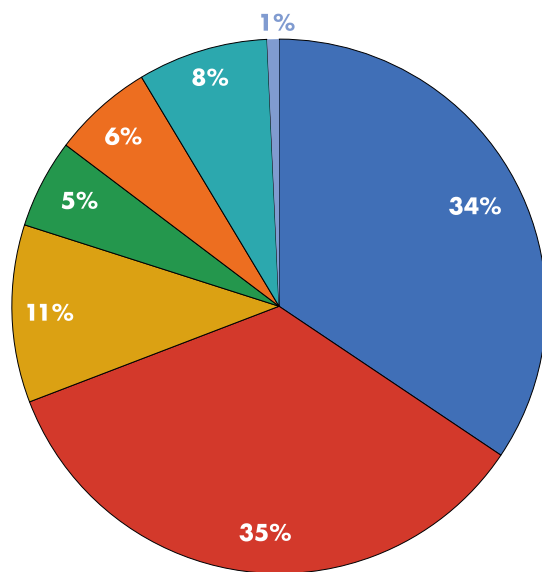

**2019
274**

Physical

**2020
151**

Hybrid

■ Western Europe ■ Eastern Europe ■ North America ■ South America ■ Asia ■ Africa ■ Australia

Dokufest

**25TH JIHLAVA INTERNATIONAL
DOCUMENTARY FILM FESTIVAL
26. ——— 31. OCTOBER 2021**

**2019
279**

Physical

**2020
134**

Digital

■ Western Europe ■ Eastern Europe ■ North America ■ South America ■ Asia ■ Africa ■ Australia

2019
106

Physical

2020
91

○ ○ ○ ○ ○ ○ ○

**Task description**. The records above should be returned word for word, with every picture left out.

**Reply**.
**2019
274**

Physical

**2020
151**

Hybrid

■ Western Europe ■ Eastern Europe ■ North America ■ South America ■ Asia ■ Africa ■ Australia

Dokufest

**25TH JIHLAVA INTERNATIONAL
DOCUMENTARY FILM FESTIVAL
26. ——— 31. OCTOBER 2021**

**2019
279**

Physical

**2020
134**

Digital

■ Western Europe ■ Eastern Europe ■ North America ■ South America ■ Asia ■ Africa ■ Australia

2019
106

Physical

2020
91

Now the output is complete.